What is AWS DataSync?
AWS DataSync is a secure, online service that automates and accelerates moving data between on-premises storage systems and AWS storage services. It can copy data up to 10x faster than open-source tools like rsync.
Key Concepts
1. How it works
- DataSync Agent: You deploy a software agent (VM) in your on-premise environment (Vmware, Hyper-V).
- Protocol: Connects to your local storage via NFS or SMB.

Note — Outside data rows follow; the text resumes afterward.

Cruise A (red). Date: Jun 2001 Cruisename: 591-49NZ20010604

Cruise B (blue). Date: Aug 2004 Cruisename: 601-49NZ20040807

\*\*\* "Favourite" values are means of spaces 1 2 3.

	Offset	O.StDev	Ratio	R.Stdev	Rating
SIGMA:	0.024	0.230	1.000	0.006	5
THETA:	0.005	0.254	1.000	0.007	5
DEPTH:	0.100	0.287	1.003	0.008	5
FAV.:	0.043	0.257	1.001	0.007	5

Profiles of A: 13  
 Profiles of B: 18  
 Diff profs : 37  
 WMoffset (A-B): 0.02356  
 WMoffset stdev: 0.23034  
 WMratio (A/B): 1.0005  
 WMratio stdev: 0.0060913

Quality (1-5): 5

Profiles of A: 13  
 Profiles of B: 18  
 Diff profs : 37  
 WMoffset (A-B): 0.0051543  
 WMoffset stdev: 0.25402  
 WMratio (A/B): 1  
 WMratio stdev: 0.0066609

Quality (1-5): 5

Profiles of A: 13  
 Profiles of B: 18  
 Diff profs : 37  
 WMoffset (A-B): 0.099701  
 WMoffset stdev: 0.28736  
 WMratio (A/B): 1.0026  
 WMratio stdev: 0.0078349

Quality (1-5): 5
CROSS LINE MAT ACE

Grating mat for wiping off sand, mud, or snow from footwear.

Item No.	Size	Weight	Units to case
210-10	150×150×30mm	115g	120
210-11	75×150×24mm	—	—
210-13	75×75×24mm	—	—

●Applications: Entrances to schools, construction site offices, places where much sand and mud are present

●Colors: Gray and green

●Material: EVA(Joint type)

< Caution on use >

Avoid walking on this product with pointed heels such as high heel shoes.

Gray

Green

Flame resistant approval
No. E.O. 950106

- Transfer: Sends data securely (TLS) to AWS DataSync service, which writes to S3, EFS, or FSx.
2. Validation
- Automatically checks integrity of data both in transit and at rest.
3. Bandwidth Throttling
- You can limit the bandwidth used by DataSync to prevent impacting other network traffic during business hours.
Exam Tips
[!IMPORTANT] "Transfer large data sets online": Use AWS DataSync.

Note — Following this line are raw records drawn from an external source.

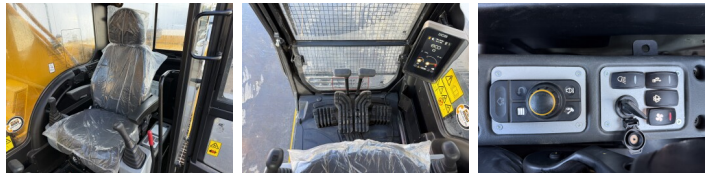

JCB

JCB 205 *2026 Model*

€ 63.500 özel

Y?l 2026
Referans numaras? BM007346
Hours 5

Algemeen

T?r 205 *2026 Model*
Yer Veldhoven, Netherlands
Certificaat NOT FOR SALE IN EU / NO CE MARK
Available at Boss Machinery! This JCB 205 *2026 Model* Excavators from 2026 has an engine power of 104 kW and counts 5 operational hours. The total weight of this JCB 205 *2026 Model* is 20400 kg and the dimensions are 9.66 x 2.81 x 3.23. Furthermore, this 205 *2026 Model* is equipped with Radio, Ekstra hidrolik i?levi, ?eki? fonksiyonu. The JCB Excavators also has a NOT FOR SALE IN EU / NO CE MARK marking. Do you want more information or do you want to try the JCB 205 *2026 Model* at our yard? Please let us know.

Maten / Gewichten

Boyutlar U*G*Y 9.66 x 2.81 x 3.23
A??rl?k 20400

Motor informatie

Motor markas? Cummins
Engine model 6BT5.9C
Silindirler 6
Turbo
KW cinsinden kapasite 104

Banden / Rupsen

Sprocket % 100
Zincir % 100
Plaka % 100
Plaka geni?li?i 50

BOSS
MACHINERY
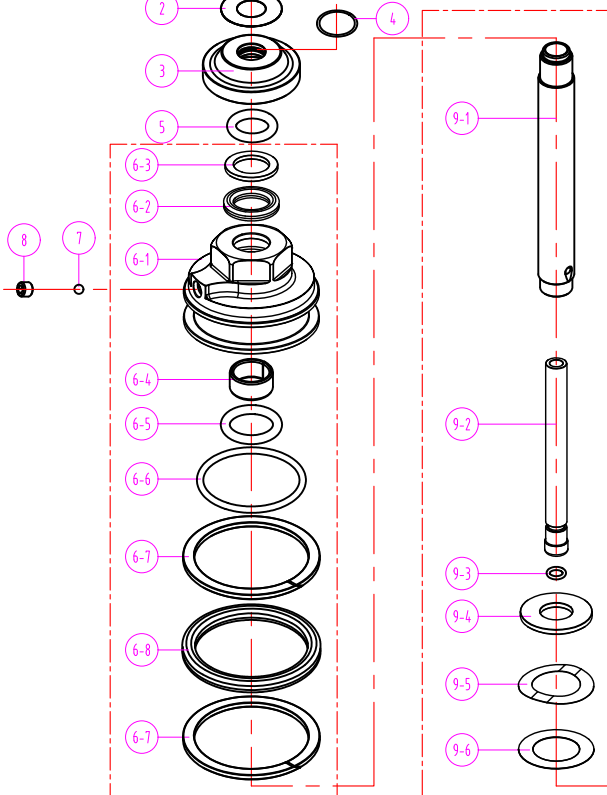

SR SUNTOUR

RS21-EDGE PLUS_RC METRIC

Date	2020.09.16	Version	1
Amended			

NO.	DESCRIPTION	SR CODE	MATERIAL	75 250	170 RC	65 160	55 150	45 140	35 130
20	O RING	FAA352	NBR	1	1	1	1	1	1
19	AL BUSHING	RAA073	AL6061	2	2	2	2	2	2
		RAA072	AL6061	2	2	2	2	2	2
18	DU	REE074	STEEL	2	2	2	2	2	2
		RBA307-35							1
17	CAS CYLINDER ASSEMBLY	RBA307-45							1
		RBA307-55						1	
		RBA307-65				1			
		RBA307-75			1				
16	O RING	RAA100	NBR	1	1	1	1	1	
15	AIR CAP	RAA102	AL6061	1	1	1	1	1	
14	O RING	FAA140	NBR	1	1	1	1	1	
13	AIR VALVE	FAA170		1	1	1	1	1	
12	X RING	RAA046	NBR	1	1	1	1	1	
11	FLOATING PISTON	REE066	AL6061	1	1	1	1	1	
10	MAIN BODY	RLB120-6	AL7050						1
		RLB120-5	AL7050						1
		RLB120-4	AL7050					1	
		RLB120-3	AL7050				1		
9	MAIN SPINDLE ASSEMBLY	RLB120-2	AL7050	1					
		RBA333-35-10							1
		RBA333-45-10							1
		RBA333-55-10					1		
8	SCREW	PSB103	STEEL	1	1	1	1	1	1
		DSO001	STEEL	1	1	1	1	1	1
7	STEEL BALL	DSO001	STEEL	1	1	1	1	1	
6	SUPPORT SET ASSEMBLY	RBA304		1	1	1	1	1	
5	O RING	RAA074	NBR	1	1	1	1	1	
4	O RING	RAA012	NBR	1	1	1	1	1	
3	TRAVEL SPACER	REE203	ABS	1	1	1	1	1	
2	WASHER	RSW097	STEEL	1	1	1	1	1	
1	TOP ASSEMBLY	RBA301-20		1	1	1	1	1	
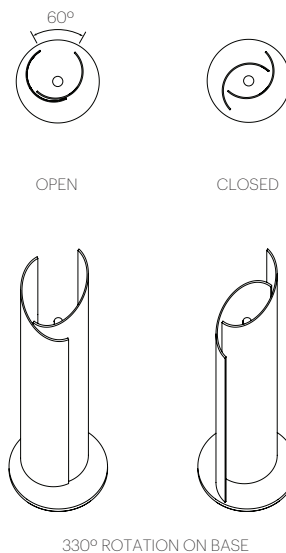

## SPECIFICATIONS

- Voltage: 120V or 240V 50-60Hz
- Power consumption: 12.5W
- Luminosity: 1050 Lumens
- Luminaire efficacy: 84 Lumens/Watt
- Cable length: 6' (244cm)
- 1 year warranty
- Patent number: D774,238

## PACKAGING WEIGHT AND DIMENSIONS

Vella Table:	16.5LBS	38.5" X 10.75" X 10.5"
	9.2KGS	97.8cm X 27.3cm X 26.7cm

## DIMENSIONS

VELLA TABLE

## DIMENSIONS
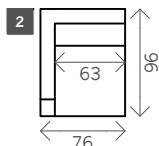

Leonard

Width arms: 13 cm

Height legs: 18 cm

Sitting height: ca. 43 cm

Total height: ca. 89 cm

Total depth: ca. 96 cm

Toss cushions 45 x 45 cm:

Seats with 2 arms: 2x

Seats with 1 arm/Meridienne/Longchair: 1x

2 arms

Arm L/R

Without arms

1 seat

1,5 seat

Loveseat

2 seat

2,5 seat

3 seat

3,5 seat

4 seat

4,5 seat

Corner L/R

Pouf

Meridienne L/R
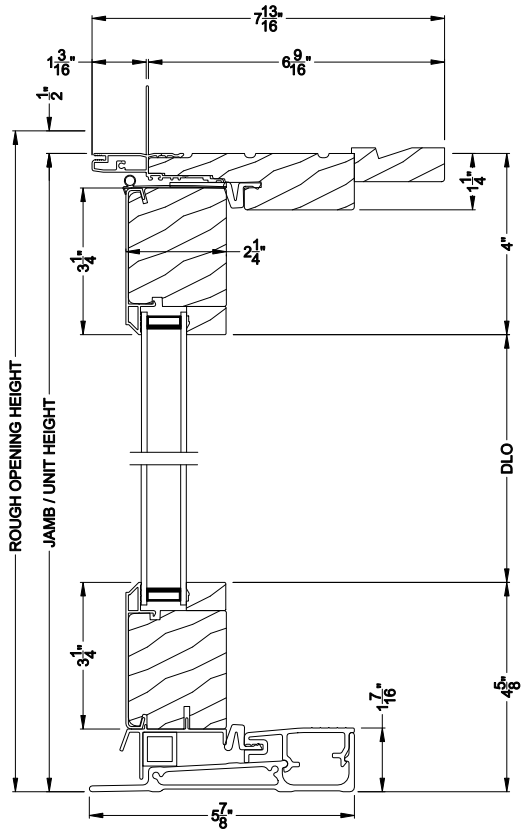

Weather Shield® Contemporary Collection™

Hinged Patio Doors CROSS SECTION DETAILS

CONTEMPORARY OUTSWING DOOR (8617)
Vertical Section - Stationary - 6-9/16" jamb
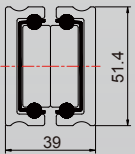

TUMA

BRAND of
INNOVATION ROBUST DURABILITY

D3000 Locking Handle Kit

UB752 Super Robust

500 kg

UD728 Two-way Travel

400 kg

UC753 Cold Drawn Solid Steel
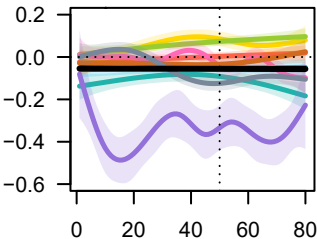

Global

Tropical

Dry

Temperate

Continental

Polar

Simulation year

Simulation year

Simulation year

— BCC-CSM2-MR

— CMCC-ESM2

— CNRM-ESM2-1

— CanESM5

— EC-Earth3-Veg

— GISS-E2-1-G

— IPSL-CM6A-LR
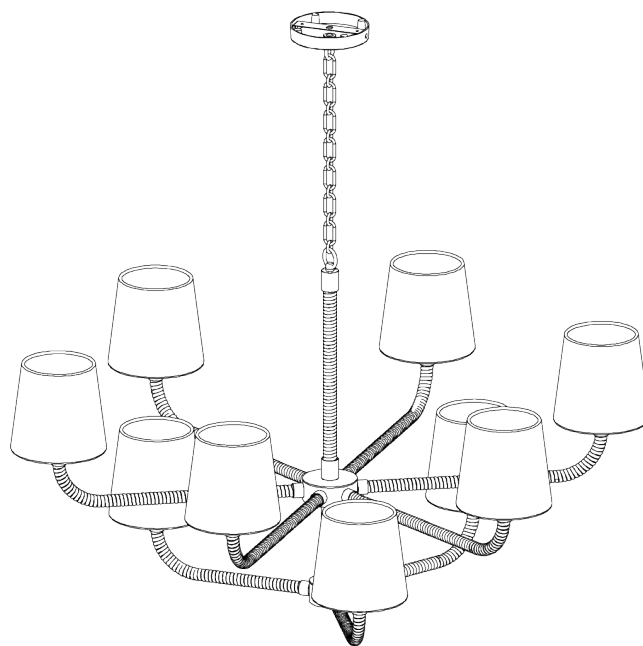

## Holden Ceiling Light Extra Large

MCL77XL | Dark Cane with Brass

Dark Cane with Brass

HEIGHT  
1860MM | 73 1/4"

CONSTRUCTED FROM  
Steel and brass with wrapped cane

RECOMMENDED SHADE  
5.5 Fez

HEIGHT WITH SHADE  
890MM | 35"

WEIGHT  
5KG | 11LBS

MAX WATTAGE  
40W

WIDTH  
1200MM | 47 1/4"

LAMP  
9 X 450LM (5W) LED E14 CANDLE

MINIMUM DROP  
890MM | 35"

VOLTAGE  
220-240v

MAXIMUM DROP  
1860MM | 73 1/2"

FINISHES  
1. Dark Cane with Brass

# Holden Ceiling Light Extra Large MCL77XL

Height  
1860mm | 73 1/4"

Height With Shade  
890mm | 35"

Width  
1200mm | 47 1/4"

Minimum Drop  
890mm | 35"

Maximum Drop  
1860mm | 73 1/2"

CEILING ROSE DETAIL

© Porta Romana 2022

[!TIP] DataSync vs. Snow Family:
- DataSync: Online replication. Depends on network bandwidth. Good for ongoing sync or migration where network is available.
- Snowball: Offline data transport. Physically ship a device. Good for massive data (Petabytes) or no internet connectivity.
[!NOTE] DataSync preserves metadata (permissions, timestamps) when moving files.
Common Use Cases
- Migration: Active migration of datasets to the cloud with minimal downtime.
- Archiving: Moving cold data from expensive on-prem SAN/NAS to S3 Glacier Deep Archive.
- Hybrid Cloud: Syncing on-prem production data to AWS for analytics or processing.